The exact match 400 appears at the top of the metadata list, followed by sections of the metadata list 402 a, 402 b, 404 a, and 404 b. Section 402 a contains metadata objects having a match position ordinal of 0 and an associated play recency value, ordered descending from most to least recent. Section 402 b contains metadata objects having a match position ordinal of 0 and no associated play recency value, ordered descending from greatest relevance to least relevance. Similarly, sections 404 a and 404 b follow with metadata objects having a match position ordinal of 1. Ellipses 406 are used to indicate that an indeterminate further number of sections follow with the same structure as those shown.
There are various possibilities with regard to the context in which the invention is applied.
Another possible embodiment of the invention may be implemented as software executing on a mobile phone connected wirelessly to the digital content library and application server. The numeric keys provided by the mobile phone are used as the selection keys, and the phone's display is used as the display device. The additional buttons provided by the mobile phone are used to activate and control playback. The library data structure is implemented by a remote application server 504 which returns metadata lists across the wireless data connection. When a metadata selection is made, the corresponding media files 506 are streamed or downloaded to the mobile phone for playback through headphones or another connected speaker.
The invention can also be embodied as an automotive dashboard component, a countertop or desktop home appliance, or an in-wall keypad and display controlling music playback in the home. In all of these cases, the device may be connected to either a local or a remote content library.

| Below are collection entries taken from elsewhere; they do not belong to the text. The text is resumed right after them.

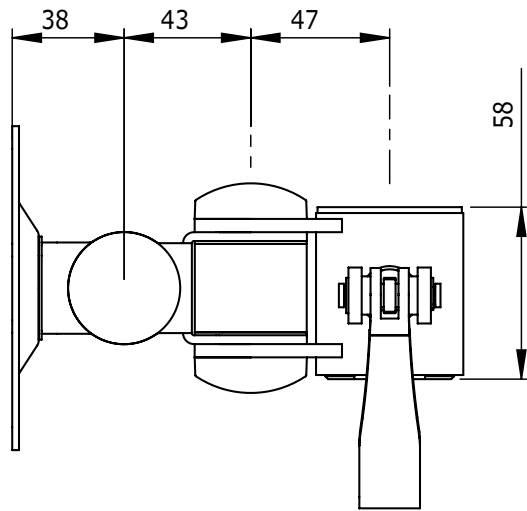

i.52.9712

ViewMate-i Kurzer Ausleger

Dieser kurze Monitorarm beinhaltet solide Drehpunkte und eine VESA-Montageplatte, geeignet für schwere Monitore von bis zu 15kg. Nach links und rechts schwenkbar, nach oben und unten kippbar und um 360° drehbar.

- Geeignet für alle Rahmen in der ViewMate Combo Produktserie
- Arm mit mehreren Drehpunkten
- Zur Montage eines Monitors
- Höhenverstellbar mit der Schnellverschluß-Klammer
- Max. Tragvermögen von 15kg / Monitor (bis 24 Zoll / 24 Zoll-W)
- Rotieren 360°, neigen +90°/-90°, schwenken +90°/-90°
- Kompatibel mit VESA-Anbindungen 75x75/100x100mm MIS-D
- 100mm Abstand zwischen Monitor und Rahmen

 viewmate

DFX.# **i.52.9712**

 **silber**

 **125x125x190mm**

 **1,12kg**

 **805410996086**

i.52.8002
i.52.8012

15kg

180°

180°

360°

75/100mm

Dealer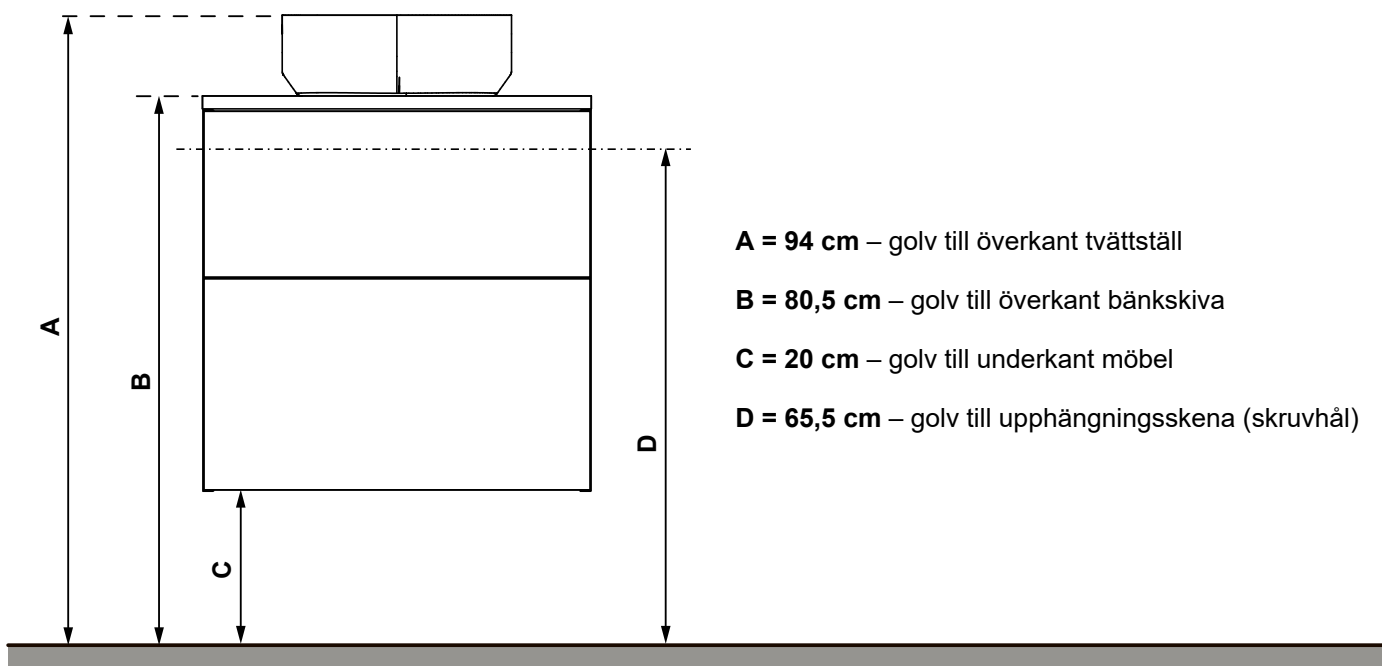

Möbelpaket med Isella Underskåp, bänkskiva och ovanpåliggande tvättställ

med specifikationer kopierade från bänkskiva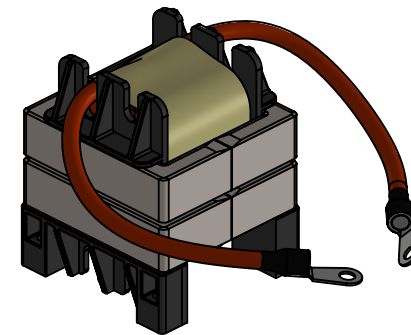

C

C

B

B

A

A

Type	Ring terminal	W [mm]	Hmax [mm]
DEMS-80x40/0,006/205	M8	18	98
DEMS-80x40/0,012/135	M8	16	
DEMS-80x40/0,024/100	M8	16	
DEMS-80x40/0,056/63	M8	14	
DEMS-80x40/0,15/48	M8	14	
DEMS-80x40/0,56/23	M4	11	
DEMS-80x40/0,82/17	M4	8	
DEMS-80x40/1,5/15	M4	8

Additional alternative embodiments are possible where the number of selection keys available as well as the sets of characters associated with each key varies. Each key may have more or less associated alphanumeric characters, and the user interface may have more or less selection keys provided in the array. In these embodiments, the format of the library data structure and the syntax of the regular expressions used may be modified.
Alternative embodiments are also possible where the key sequence matching logic is extended to utilize non US character sets. In these embodiments, the keys used to specify a match may correspond to additional or alternative characters. Additionally, the set of unincluded characters, described in the preferred embodiment as the set of non alphanumeric characters, may be defined differently to suit the user's local or the number of keys available on the input device. In these embodiments, the format of the library data structure and the syntax of the regular expressions used may be modified.
Accordingly, the embodiments described herein provide a user interface that enables quick, direct, and articulate selection and playback of digital media from an available content library. One or more of these embodiments overcome significant usability challenges presented by the advent of digital media libraries used with mobile or portable devices. Additional advantages include
Although the description above contains many specificities, these should not be construed as limiting the scope of the invention but as merely providing illustrations of some of the presently preferred embodiments of the invention.
Thus the scope of the invention should be determined by the appended claims and their legal equivalents, rather than by the examples given.